Georg Otto Hermann Balck (born December 7, 1893 in Danzig - Langfuhr ; † November 28, 1982 in Eberbach-Rockenau ) was a German officer , most recently a general of the armored forces and army group commander in World War II .

Life

Hermann Balck was the son of the future Prussian Lieutenant General William Balck and his wife Mathilde. He joined on 10 April 1913 as a cadet in the Hannoversche Rifle Battalion. 10 in Goslar one. From February 12, 1914 until the outbreak of the First World War , he attended the Hanover War School. He then returned to his battalion and moved with them as platoon leader to the front, where he was promoted to lieutenant on August 10, 1914 . At times Balck served as a battalion adjutant from August 12 to October 30, 1914. Due to an injury sustained on October 30, 1914, he was subsequently incapacitated until February 6, 1915. After his recovery he served in Reserve Jäger Battalion No. 22 until he was wounded again on June 28, 1915.

In January 1922 he joined the Reichswehr with this rank , was assigned to the 18th Cavalry Regiment and there on May 1, 1924 Lieutenant . He then took part in a general staff course. At the beginning of the Second World War he was a lieutenant colonel and clerk in the Army High Command . As commander of the 1st Rifle Regiment, he took part in the battle of Sedan in the western campaign (May / June 1940) and received the Knight's Cross of the Iron Cross for this , before returning to the Army High Command for a year. In the summer of 1942 he was appointed major general and commanded the 11th Panzer Division on the Eastern Front . Balck took over from April 3 to June 10, 1943 the motorized infantry division "Greater Germany" .

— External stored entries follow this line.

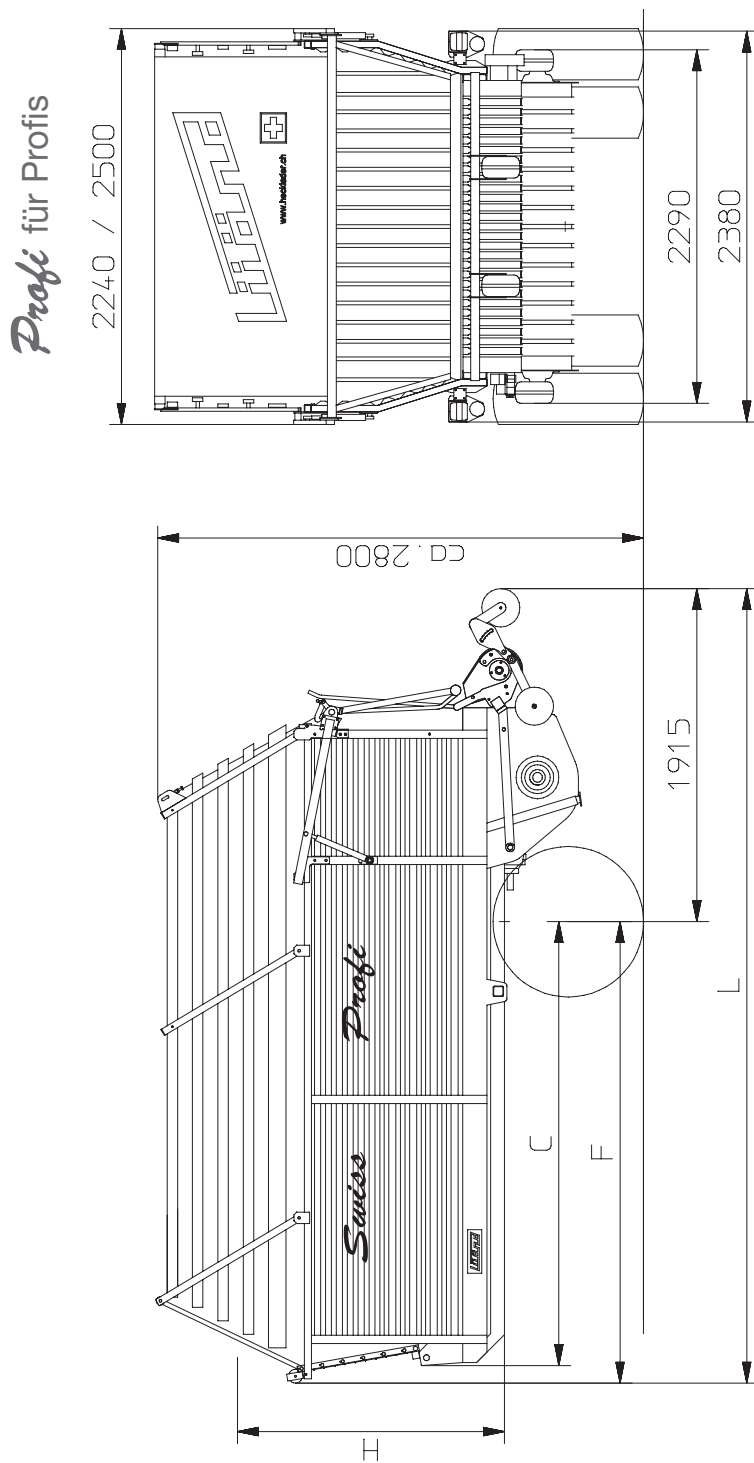

Massblatt: Swiss-Profi ab Bereifung 11.5/80 – 15.3 (Ø ca. 900 mm)

* Höhe abgeklappt

	18 m ³	19 m ³	20 m ³	22 m ³	21 m ³	24 m ³	23 m ³	26 m ³
Swiss-Profi								
DIN m³	11.8	12.1	12.3	12.9	12.8	13.7	13.3	14.5
Breite	2.24 m	2.50 m	2.24 m	2.50 m	2.24 m	2.50 m	2.24 m	2.50 m
Mass H*	1.53 m	1.51 m	1.53 m	1.51 m	1.53 m	1.51 m	1.53 m	1.51 m
Mass L	3.97 m		4.17 m		4.37 m			4.57 m
Mass F	2.05 m		2.25 m		2.45 m			2.65 m
Mass C	1.95 m		2.15 m		2.35 m			2.55 m

This was followed by an unusually fast career , during which Balck was promoted prematurely several times ; he received numerous high awards including the Knight's Cross with Oak Leaves, Swords and Diamonds (which was only awarded 27 times). By the end of 1943 he was General of the Panzer Force and Commanding General of the XXXXVIII. Panzer Corps . In August 1944, Balck was appointed Commander in Chief of the 4th Panzer Army , but already moved to the Western Front in September and succeeded Colonel General Johannes Blaskowitz as Commander in Chief of Army Group G in Alsace . In November 1944 he ordered the systematic destruction of the cities of Anould , Gérardmer , La Bresse and Saint-Dié-des-Vosges , and the male population between 15 and 60 years of age should be deported across the Rhine for forced labor . Since Balck could not stop the advance of the Americans under George S. Patton to the imperial border (see Battle for Alsace-Lorraine (1944) ), Blaskowitz was reinstated in his old command in December, and Balck returned to the Eastern Front, where he was up commanded the 6th Army in Hungary at the end of the war .

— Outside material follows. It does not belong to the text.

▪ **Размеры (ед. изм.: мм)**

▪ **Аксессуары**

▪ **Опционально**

From 1945 to 1947 Balck was a US prisoner of war . Then Balck became a warehouse worker, but arrested in 1948 and sentenced by a Stuttgart jury to three years in prison, of which he served eighteen months. In November 1944, Balck had the artillery commander, Lieutenant Colonel Johann Schottke shot . He was found completely drunk in his bunker and could no longer remember the positions of his guns. The shooting had taken place without a court martial and was therefore illegal. In 1950, Balck was sentenced in absentia to 20 years of forced labor by the Paris military tribunal, which held him responsible for the destruction of the French town of Gérardmer in the Vosges .

Balck was one of the few commanders captured by US forces who refused to participate in the US Army's postwar historical debriefing program in the late 1940s and early 1950s. At the end of the 1970s he expressed himself publicly: He and Friedrich Wilhelm von Mellenthin took part in some symposia - together with former US generals - at the "US Army War College".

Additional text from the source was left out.